--- RECORDS SUPPLIED Enclosed Below ---

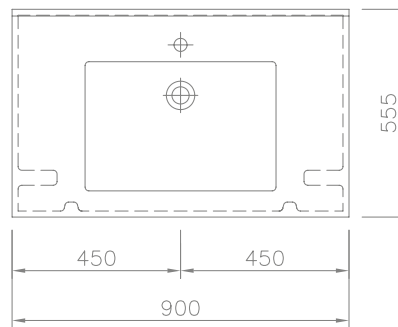

»Solitär 650 E«

Art. Nr. 13100

**Caractéristiques techniques**

**Table vasque** moulée d'une pièce avec une cuve, avec trop-plein  
**Largeur:** 650 mm  
**Profondeur:** 530 mm  
**Cuve:** 504 x 341 mm  
**Retombée:** 160 mm  
**Robinetterie:** réservation diam. 35 mm  
**Console** arrière de fixation murale incorporée pour 2 chevilles  
**Poids:** 19 kg  
 MODELE DISPONIBLE EN BLANC BRILLANT UNIQUEMENT ref. U300  
**Sur demande:** sans réservation robinetterie

**Technical Information**

**Washstand** cast in a single piece with one basin, with overflow  
**Length:** 650 mm  
**Depth:** 530 mm  
**Basin size:** 504 x 341 mm  
**Front apron height:** 160 mm  
**Armature aperture:** Ø 35 mm  
**Mounting:** With installation skirting with cane bolt attachment  
**Weight:** approx. 19 kg  
**Special solution on request:** without armatur aperture  
 This washbasin is available only in white uni-coloured.

»Solitär 900 E«

Art. Nr. 13101

**Caractéristiques techniques**

**Table vasque** moulée d'une pièce avec une cuve, sans trop-plein

**Largeur:** 900 mm

**Profondeur:** 555 mm

**Cuve:** 504 x 345 mm

**Retombée:** 160 mm

**Technical Information**

**Washstand** cast in a single piece with one basin, without overflow - for permanent overflow <sup>1)</sup>

**Length:** 900 mm

**Depth:** 555 mm

**Basin size:** 510 x 345 mm

**Front apron height:** 160 mm

--- End of Enclosed RECORDS SUPPLIED ---

BRIEF:
Without the pictures, write out every line above exactly as it appears.

ANSWER FOR THIS EXERCISE:
»Solitär 650 E«

Art. Nr. 13100

**Caractéristiques techniques**

**Table vasque** moulée d'une pièce avec une cuve, avec trop-plein  
**Largeur:** 650 mm  
**Profondeur:** 530 mm  
**Cuve:** 504 x 341 mm  
**Retombée:** 160 mm  
**Robinetterie:** réservation diam. 35 mm  
**Console** arrière de fixation murale incorporée pour 2 chevilles  
**Poids:** 19 kg  
 MODELE DISPONIBLE EN BLANC BRILLANT UNIQUEMENT ref. U300  
**Sur demande:** sans réservation robinetterie

**Technical Information**

**Washstand** cast in a single piece with one basin, with overflow  
**Length:** 650 mm  
**Depth:** 530 mm  
**Basin size:** 504 x 341 mm  
**Front apron height:** 160 mm  
**Armature aperture:** Ø 35 mm  
**Mounting:** With installation skirting with cane bolt attachment  
**Weight:** approx. 19 kg  
**Special solution on request:** without armatur aperture  
 This washbasin is available only in white uni-coloured.

»Solitär 900 E«

Art. Nr. 13101

**Caractéristiques techniques**

**Table vasque** moulée d'une pièce avec une cuve, sans trop-plein

**Largeur:** 900 mm

**Profondeur:** 555 mm

**Cuve:** 504 x 345 mm

**Retombée:** 160 mm

**Technical Information**

**Washstand** cast in a single piece with one basin, without overflow - for permanent overflow <sup>1)</sup>

**Length:** 900 mm

**Depth:** 555 mm

**Basin size:** 510 x 345 mm

**Front apron height:** 160 mm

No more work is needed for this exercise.